» What to do:
Your task is to copy each line of the records that includes the string "Modifications".

» Information shown:

- - -

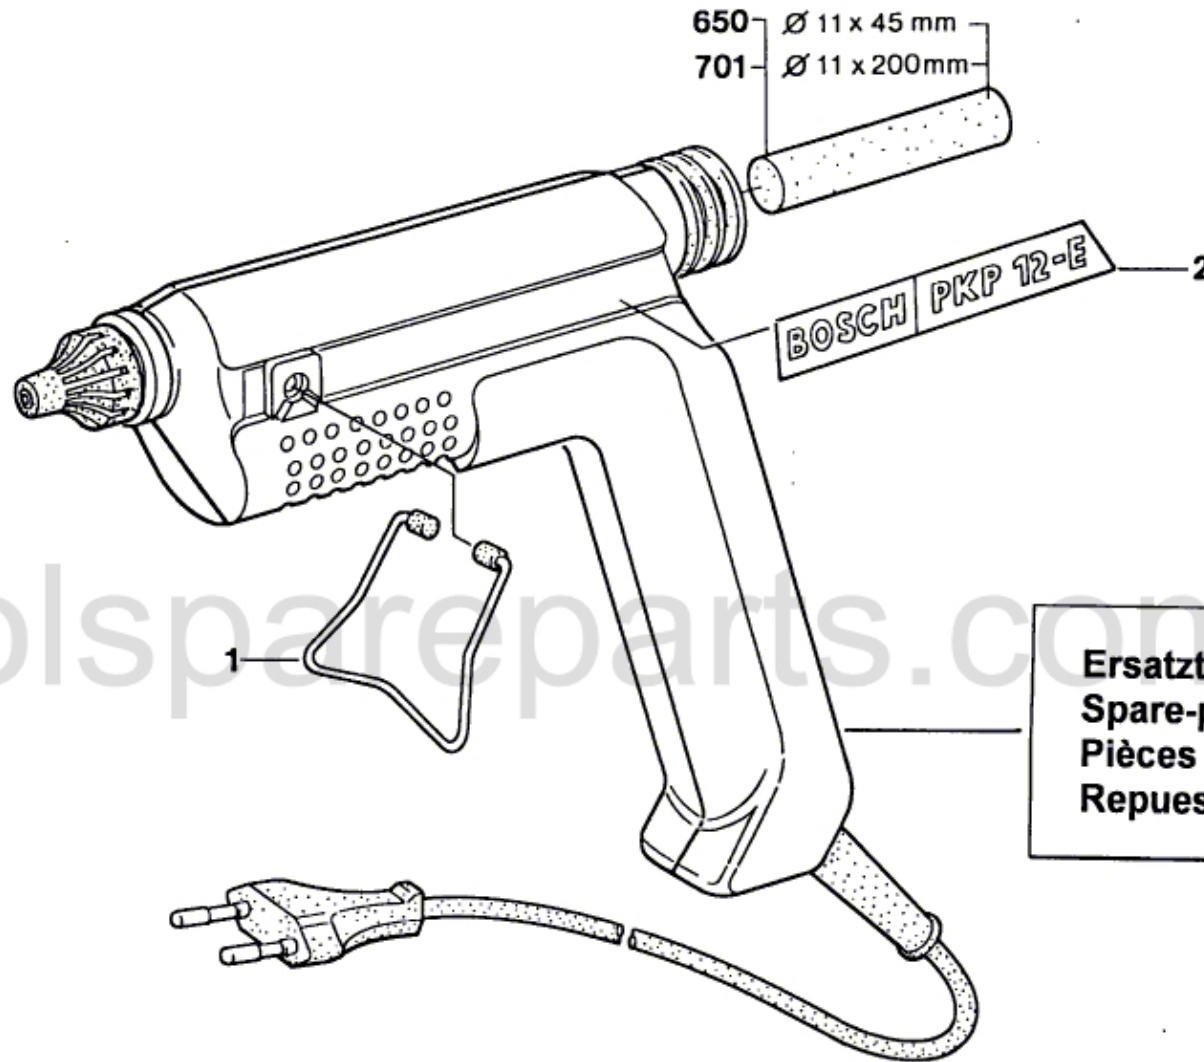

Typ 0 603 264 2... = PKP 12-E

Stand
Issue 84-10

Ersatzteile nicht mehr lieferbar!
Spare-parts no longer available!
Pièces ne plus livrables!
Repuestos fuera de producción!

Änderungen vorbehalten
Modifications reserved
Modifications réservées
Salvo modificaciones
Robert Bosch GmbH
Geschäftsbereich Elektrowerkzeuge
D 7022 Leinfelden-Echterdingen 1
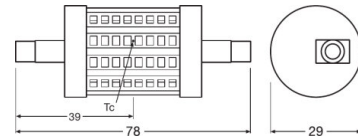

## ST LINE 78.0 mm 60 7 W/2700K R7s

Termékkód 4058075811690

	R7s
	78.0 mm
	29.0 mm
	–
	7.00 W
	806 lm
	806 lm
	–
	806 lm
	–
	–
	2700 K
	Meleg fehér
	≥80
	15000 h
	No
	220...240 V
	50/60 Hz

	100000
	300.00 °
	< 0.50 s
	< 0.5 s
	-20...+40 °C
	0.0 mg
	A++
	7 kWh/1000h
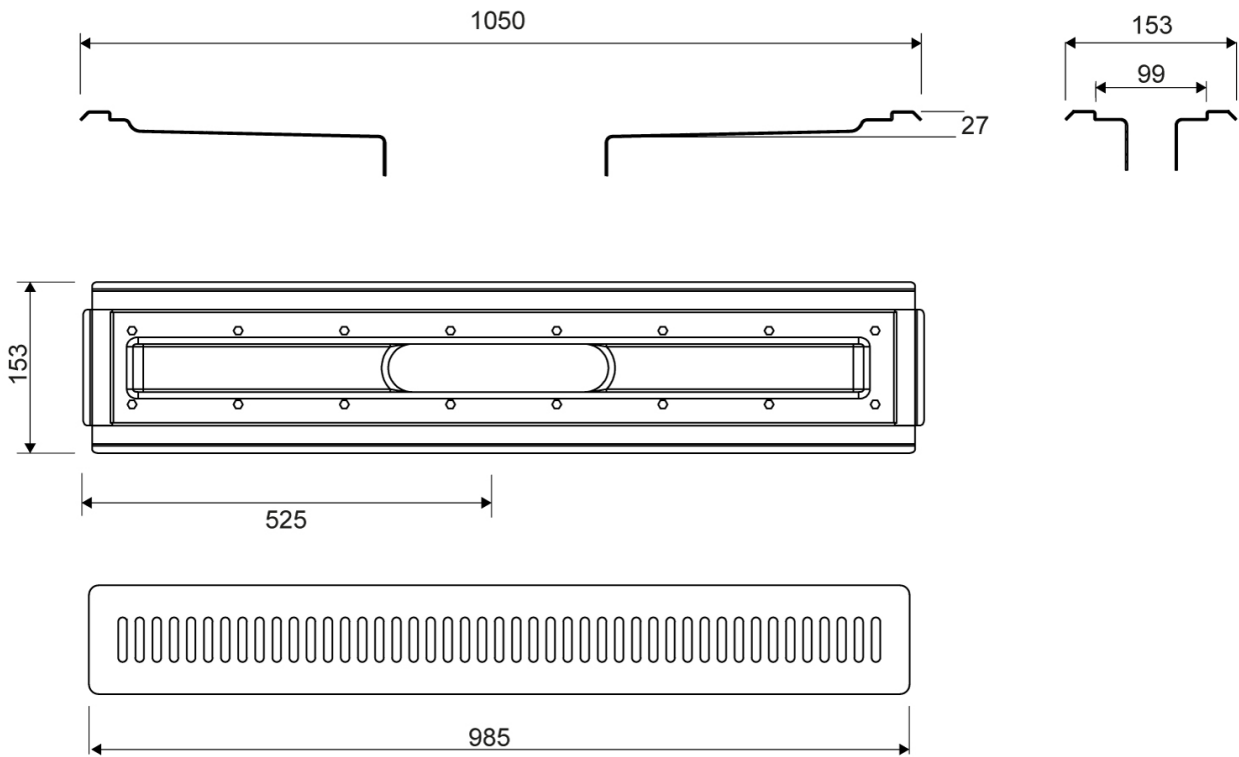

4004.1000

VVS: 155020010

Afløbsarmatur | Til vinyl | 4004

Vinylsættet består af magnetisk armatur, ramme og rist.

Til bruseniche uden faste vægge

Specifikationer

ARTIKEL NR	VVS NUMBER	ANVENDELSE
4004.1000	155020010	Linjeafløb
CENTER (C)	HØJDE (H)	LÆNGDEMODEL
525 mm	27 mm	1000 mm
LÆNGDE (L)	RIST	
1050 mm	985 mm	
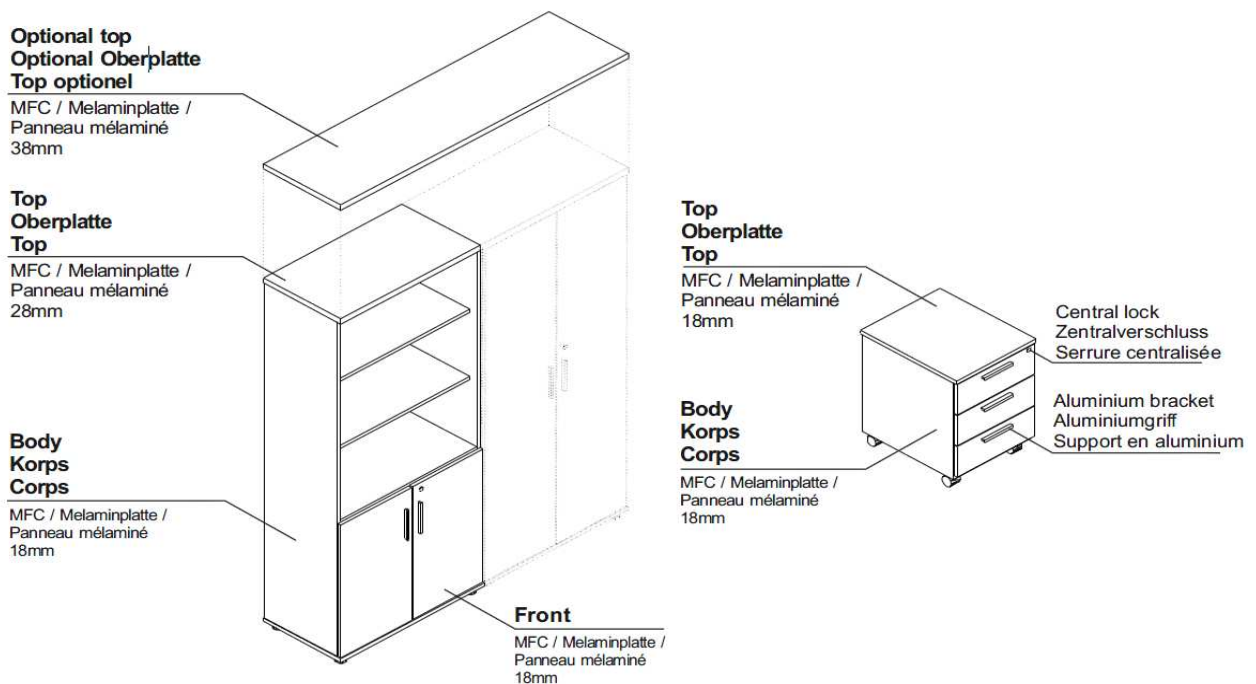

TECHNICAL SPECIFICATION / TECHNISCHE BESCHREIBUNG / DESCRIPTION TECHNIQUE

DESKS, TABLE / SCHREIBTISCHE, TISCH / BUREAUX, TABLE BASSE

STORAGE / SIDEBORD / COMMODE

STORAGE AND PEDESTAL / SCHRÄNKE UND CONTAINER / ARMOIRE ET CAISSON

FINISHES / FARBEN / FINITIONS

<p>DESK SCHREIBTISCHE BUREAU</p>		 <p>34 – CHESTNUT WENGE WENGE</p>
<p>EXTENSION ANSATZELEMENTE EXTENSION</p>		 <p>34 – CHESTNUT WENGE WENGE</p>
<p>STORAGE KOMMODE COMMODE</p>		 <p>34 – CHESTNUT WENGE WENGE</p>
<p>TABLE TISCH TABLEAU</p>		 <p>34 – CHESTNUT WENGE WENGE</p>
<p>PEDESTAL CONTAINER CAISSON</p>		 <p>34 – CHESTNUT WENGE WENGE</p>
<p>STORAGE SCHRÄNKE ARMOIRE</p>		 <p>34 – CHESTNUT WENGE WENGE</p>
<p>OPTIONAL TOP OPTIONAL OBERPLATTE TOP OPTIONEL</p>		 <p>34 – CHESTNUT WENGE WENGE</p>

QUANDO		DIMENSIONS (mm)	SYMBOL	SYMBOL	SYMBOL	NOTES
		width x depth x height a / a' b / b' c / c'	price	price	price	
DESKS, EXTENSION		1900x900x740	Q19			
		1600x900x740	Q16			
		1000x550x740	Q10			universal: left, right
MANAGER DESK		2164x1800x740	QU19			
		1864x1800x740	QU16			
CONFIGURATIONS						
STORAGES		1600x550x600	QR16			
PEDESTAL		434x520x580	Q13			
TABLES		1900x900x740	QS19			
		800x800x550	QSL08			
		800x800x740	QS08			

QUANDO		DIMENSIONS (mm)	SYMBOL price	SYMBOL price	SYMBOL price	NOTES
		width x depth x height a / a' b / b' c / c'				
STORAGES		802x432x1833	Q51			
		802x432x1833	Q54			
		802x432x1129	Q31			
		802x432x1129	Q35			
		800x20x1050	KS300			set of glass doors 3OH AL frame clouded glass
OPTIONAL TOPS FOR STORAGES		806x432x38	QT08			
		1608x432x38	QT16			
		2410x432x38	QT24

- - -

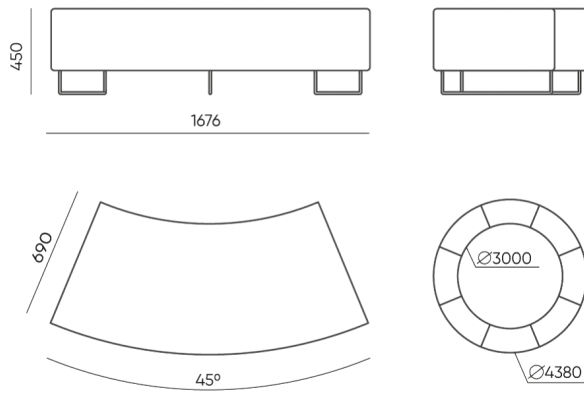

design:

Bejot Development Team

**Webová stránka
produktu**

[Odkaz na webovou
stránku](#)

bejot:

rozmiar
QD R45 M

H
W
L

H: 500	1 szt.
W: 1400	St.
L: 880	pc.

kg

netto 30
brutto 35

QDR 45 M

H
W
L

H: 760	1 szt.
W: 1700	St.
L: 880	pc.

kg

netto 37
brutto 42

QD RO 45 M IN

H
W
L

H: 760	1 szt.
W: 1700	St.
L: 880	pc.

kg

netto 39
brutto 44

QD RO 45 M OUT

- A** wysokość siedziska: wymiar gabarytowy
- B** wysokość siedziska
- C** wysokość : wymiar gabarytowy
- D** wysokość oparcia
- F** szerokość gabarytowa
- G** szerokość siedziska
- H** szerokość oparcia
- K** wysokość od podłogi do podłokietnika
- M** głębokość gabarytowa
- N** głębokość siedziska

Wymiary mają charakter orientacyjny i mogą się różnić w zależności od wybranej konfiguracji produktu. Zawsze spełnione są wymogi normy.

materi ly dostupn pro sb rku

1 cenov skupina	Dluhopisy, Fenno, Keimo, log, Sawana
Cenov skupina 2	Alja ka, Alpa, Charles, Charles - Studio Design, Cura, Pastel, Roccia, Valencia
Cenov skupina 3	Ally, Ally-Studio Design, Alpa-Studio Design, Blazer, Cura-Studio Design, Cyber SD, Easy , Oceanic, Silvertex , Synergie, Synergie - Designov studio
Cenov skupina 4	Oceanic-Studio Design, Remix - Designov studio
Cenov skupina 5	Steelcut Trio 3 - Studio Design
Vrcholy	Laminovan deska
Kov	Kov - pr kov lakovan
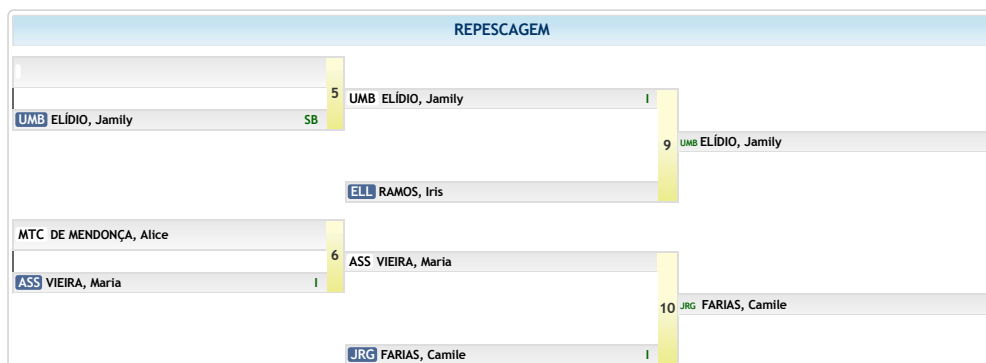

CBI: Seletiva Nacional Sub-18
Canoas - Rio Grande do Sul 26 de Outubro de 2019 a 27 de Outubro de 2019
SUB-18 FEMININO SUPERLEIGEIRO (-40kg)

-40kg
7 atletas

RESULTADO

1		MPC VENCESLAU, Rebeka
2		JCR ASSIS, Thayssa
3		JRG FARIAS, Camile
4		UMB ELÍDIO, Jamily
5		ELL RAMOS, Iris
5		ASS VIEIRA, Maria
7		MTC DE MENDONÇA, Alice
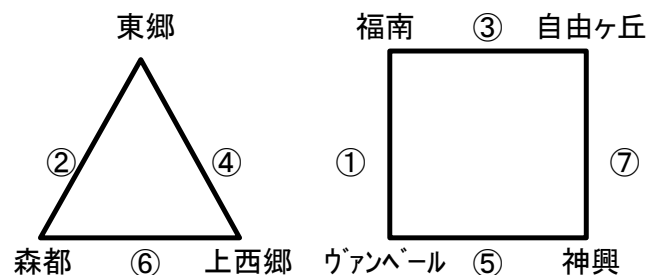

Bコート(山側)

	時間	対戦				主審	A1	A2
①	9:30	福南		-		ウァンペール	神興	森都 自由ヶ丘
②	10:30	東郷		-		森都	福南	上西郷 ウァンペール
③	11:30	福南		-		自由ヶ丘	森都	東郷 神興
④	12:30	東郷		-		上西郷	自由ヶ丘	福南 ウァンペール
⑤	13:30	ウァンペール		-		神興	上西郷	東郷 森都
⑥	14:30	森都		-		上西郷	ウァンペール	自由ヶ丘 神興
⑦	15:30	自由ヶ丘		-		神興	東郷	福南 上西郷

- - -

» Response to the task:
Modifications reserved
Modifications réservées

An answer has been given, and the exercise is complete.